Отключаюсь и ребром прислоняю телефон ко лбу. Не знаю, рад ли я этому сам. Но попробовать, наверное, все же стоило.

Глава 38

Маша


Сижу на кухне, поставив пятки на сиденье стула. Передо мной кружка мятного чая, я смотрю в окно на темную улицу. Через занавеску вижу несколько горящих окон в соседнем доме. Остальные, должно быть, уже спят.

Я сходила в душ и переоделась в пижаму, надела свои любимые теплые носки. Пальцами я аккуратно глажу пушистую ткань и думаю. Думаю. Думаю.

Если у всего есть смысл, то какое назначение у Славы Ковалева в моей жизни? Спросить бы об этом того, кто верит в судьбу.

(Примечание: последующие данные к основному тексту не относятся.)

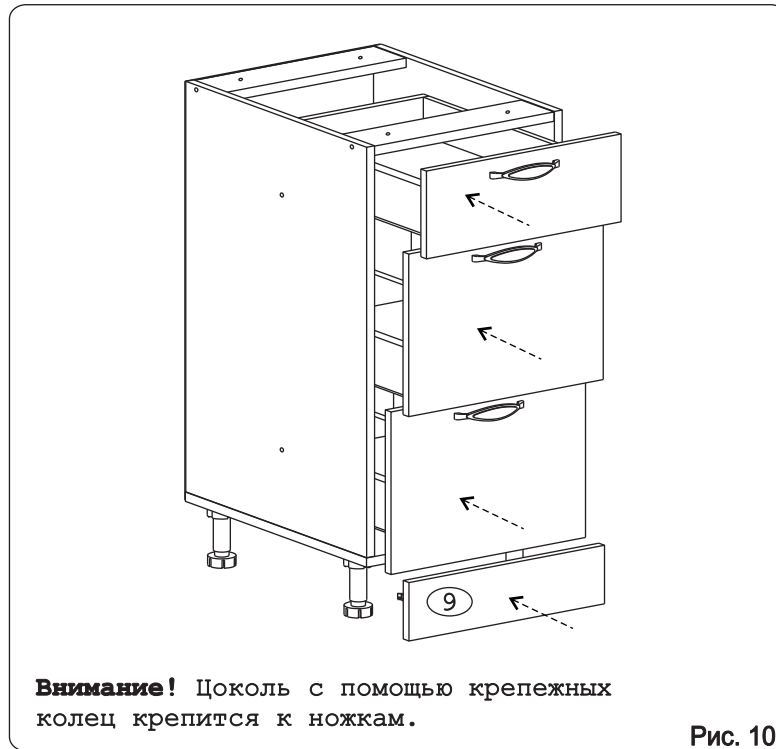

Евровинт 50	12 шт.	Шуруп 3x12 п/сфера	16 шт.	Шуруп 4x16	64 шт.	Шуруп 4x30	4 шт.	Саморез 6x10	18 шт.	Ножка кухонная 100-110	4 шт.	Загл. к ев. винту	8 шт.
Загл. самокл. Д14	4 шт.	Уплотнитель для цоколя L=398	1 шт.	Стяжка 30 мм	2 компл.	Ручка Р397	3 шт.	Метабокс 500 h=86мм	3 компл.	Рейлинг для метабоксов 500	2 компл.	Клипса для ножки	2 шт.

Наименование деталей

1. Боковина левая	702x509	1 шт.
2. Боковина правая	702x509	1 шт.
3. Основание	510x400	1 шт.
4. Планка	366x92	2 шт.
5. Стенка ДВПО	716x396	1 шт.
6. Дно ящика	498x335	3 шт.
7. Стенка ящика	335x71	1 шт.
8. Стенка ящика	335x159	2 шт.
9. Цоколь МДФ	398x100	1 шт.
10. Фасад ящика верх. МДФ ДР	396x150	1 шт.
11. Фасад ящика средн. МДФ ДР	396x278	1 шт.
12. Фасад ящика нижн. МДФ ДР	396x278	1 шт.

Рис. 3

Рис. 4

Рис. 5

Рис. 6

Рис. 7

Рис. 8

Рис. 9

Рис. 10
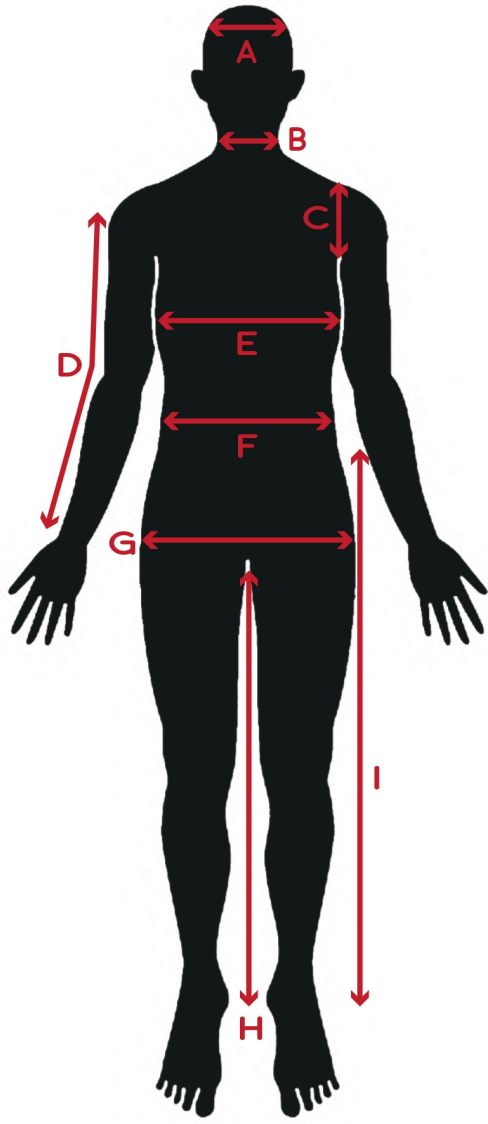

OfficeBriller

SIZE CHART

FRONT

BACK

Bao / バオ

身長/Height	181cm	E.胸囲/Chest, Bust	90cm	J.肩幅/Shoulder	52cm
A.頭回り/Head	56cm	F.ウエスト/Waist	74cm	K.上着丈/JKT Length	52cm
B.首回り/Neck	37cm	G.ヒップ/Hip	93cm	L.裾丈/Raglan sleeve	75cm
C.腕周り/Arm Hole	45cm	H.股下/Inseam	83cm	M.太もも/Thigh	56cm
D.袖丈/Sleeve	58cm	I.足の長さ/leg	103.5cm	N.足首/Ankle	22cm

靴サイズ/Shoe size	28cm	ピアス	なし	タトゥー	なし
----------------	------	-----	----	------	----

リング/RING	親指/Thumb	人差し指/Index	中指/Middle	薬指/Ring	小指/Little
左手/Left	19号	19号	20号	15号	9号
右手/Right	20号	17号	20号	15号	11号

裸眼					
----	--	--	--	--	--
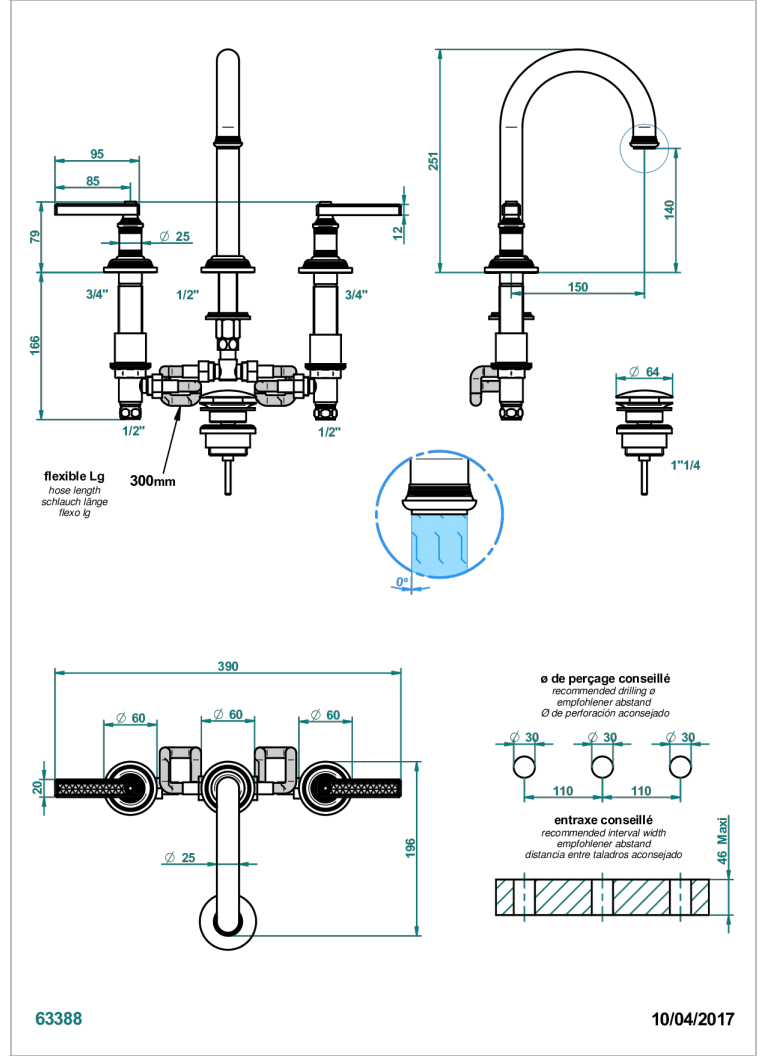

WEST COAST WITH GUILLOCHE DECOR WITH LEVER

U9D-152M

3孔台盆龙头, 带下水器, 高喷嘴, 大理石紧固件

特色

- ACS : 18ACCLY393
- NF : NF EN 200 - IA - Chrome
- SVGW-SSIGE : 1901-6813

标准

可选饰面

Black ceram - D30
Blush PVD - H62
Graphite PVD - H64
Matt Umber PVD - H67
Matt blush PVD - H60
Matt graphite PVD - H65
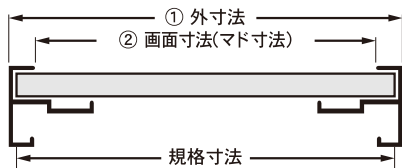

ワンタッチでフレームオープン！シャープでストレートなフレームデザイン

※使用例

※ポスターは参考イメージです。

フレームの開き方

レバーを押し上げるだけでコーナーが開く「オストレッチ」機能により、入れ替えが簡単です。

対角の2辺のコーナーのフレーム裏側のレバーを親指で押し上げるとコーナーが開きます。

フィルムを取り出し、作品を入れフィルムをもどし、フレームを内側方向へバチンと音がするところまで押し閉めて下さい。

コーナー部

■吊り方■ 3点吊り

付属のヒモを取り出します。裏面の吊り具にヒモを通します。お好きな長さに調節して下さい。吊り具は3カ所付いていますので横でも縦でも使えます。

※角コーナーは樹脂製のため、破損に注意して下さい。

外寸・画面寸法の目安

① 外寸法 = 規格寸法 + 4mmです。
② 画面寸法(マド寸法) = 規格寸法 - 8mmです。
※多少の誤差があります。

形状・仕様

※記載の価格は新価格になっています

規格	サイズ	品番	重量	価格
B0	1030×1456mm	—	—	—
B1	728×1030mm	SRK-B1-□	1600g	¥5,180
B2	515×728mm	SRK-B2-□	900g	¥3,580
B3	364×515mm	SRK-B3-□	550g	¥2,530
B4	257×364mm	SRK-B4-□	340g	¥1,850
B5	182×257mm	SRK-B5-□	220g	¥1,430
輸入菊全	680×990mm	—	—	—
全紙	440×550mm	—	—	—
色紙	317×317mm	—	—	—
ポスターサイズ	620×930mm	—	—	—
ポスターサイズ	475×575mm	—	—	—
画用紙四ツ切	392×544mm	SRK-G22-□	570g	¥2,770

規格	サイズ	品番	重量	価格
A0	841×1189mm	—	—	—
A1	594×841mm	SRK-A1-□	1160g	¥4,170
A2	420×594mm	SRK-A2-□	610g	¥2,830
A3ノビ	329×483mm	SRK-A3/ビ	490g	¥2,360
A3	297×420mm	SRK-A3-□	420g	¥1,980
A4	210×297mm	SRK-A4-□	280g	¥1,560
A5	148×210mm	—	—	—
半切	345×423mm	—	—	—
四ツ切	243×294mm	—	—	—
ポスターサイズ	620×920mm	—	—	—
ポスターサイズ	460×620mm	—	—	—
画用紙ハツ切	270×380mm	SRK-G31-□	340g	¥1,900
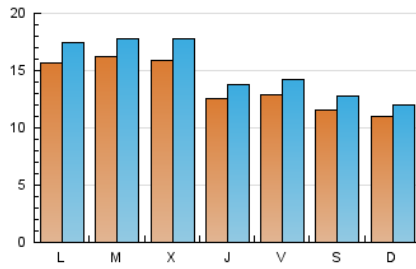

4. Gràfiques (Nacional)

4.1 Per dia de la setmana (promig)

N. únics / Visites (x 100)
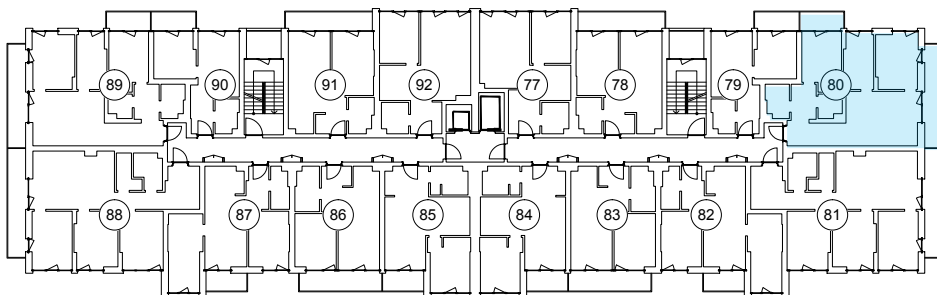

iekštelpa - 66.6 m²

ārtelpa - 12.0 m²

3.
stāvs

Klijānu 10, Rīga

info@kl2.lv

+ 371 29 159 999

iekštelpa - 66.6 m²
ārtelpa - 12.0 m²

3.
stāvs
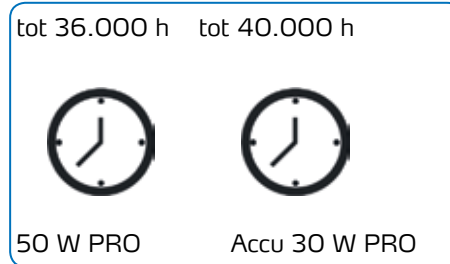

NIEUW!

Ledstraler 50W PRO en accu-ledstraler 30W PRO

LED PRO: veel meer vermogen bij geringer verbruik

Eigenschappen

- optimale arbeidsvoorwaarden en goed zichtbare fouten in de coating dankzij zeer groot rendement van licht met een kleur die vergelijkbaar is met daglicht
- lange levensduur van niet minder dan 40.000 uren
- stoot- en slagvaste constructie voor zwaar werk op het bouwterrein
- ook buiten (beveiliging IP 65)

Ledstraler 50W PRO en accu-ledstraler 30W PRO

LED PRO: veel meer vermogen bij geringer verbruik

Vergelijking: ledstraler en halogeenstraler

Model

Levensduur verlichtingsmiddel

Energieverbruik

Bijkomende voordelen

- zeer gering stroomverbruik dankzij energieklasse A+ voor een snelle afschrijving
- minimale warmteontwikkeling voor een hoge mate aan veiligheid
- IP 65-beveiliging voor gebruik in vochtige ruimten en buiten
- regelbaar en gemonteerd op de robuuste voet, wat individuele verlichting mogelijk maakt

Model	Ledstraler 50 W PRO	Accu-ledstraler 30 W PRO
Art.-Nr.	60 11 50	60 11 30
Aansluitwaarde	230 V / 50 Hz	Ingang 230 V / 50 Hz; uitgang 24 V DC
Vermogen	50 W	30 W
Energieklasse	A+	
Lichtstroom	4.000 lm	2.700 lm
Lichtkleur	6.500 k	6.000 k
Levensduur verlichtingsmiddel	36.000 h	40.000 h
Veiligheid	IP 65	
Kabellengte	5 m	-
Soort accu en vermogen	-	lithiumbatterij 14,8 V 6.600 mAh laadduur: 5 h lichtduurniveau I: 3,5 h niveau II: 10 h

Мне самой одновременно и нравится мысль, что все предопределено, и в то же время я этому не доверяю. Приятно переложить ответственность с себя на кого-то другого, на какие-то высшие силы. Типа это не я, это нити судьбы, ребят, извините, я тут вообще не при чем.

Но почему тогда рождаются больные дети? Чему они призваны научить или куда привести? Почему у Васи РАС? Почему Джип вечно таскал с собой инсулиновые шприцы, а потом летел в зарубежную клинику, чтобы поставить жутко дорогую помпу? Почему дети, которых оперирует мой папа, выходят из матери уже заранее с пороками?

Что это за судьба такая?

Протянув руку, я берусь за кружку и отпиваю едва теплый чай. Приятный вкус мяты как будто обнимает все мое тело.

Может быть, некоторым людям просто жить проще, если они находят смысл даже в самых черных моментах?

Ведь, если бы отец Наумовых не погиб, они бы не слетели с катушек и не перешли в нашу школу.

Роняю лицо в ладони и качаю головой. Боже, какая глупость. Умер человек! А я вижу в этом причину для встречи двух подростков. Целая семья погибала от боли, разве это того стоило?

Внезапно окно распахивается, и я вздрагиваю от испуга. Было же закрыто. Вскинув голову, наблюдаю, как от весеннего ветра надувается занавеска и касается стола. Пару секунд наблюдаю, как эти двое сражаются. Она хочет сбежать, он ее сдерживает.

– Это вы? – спрашиваю шепотом.

Знала бы, как зовут, обратилась по имени и отчеству, настолько в этот момент верю, что папа Гордея возмущен моим недоверием к Вселенной. Обеими руками обхватываю столешницу и напряженно застываю.

– Манечка? – раздается за моей спиной.

– Боже! – вскрикиваю, резко оборачиваясь. – Мам, напугала!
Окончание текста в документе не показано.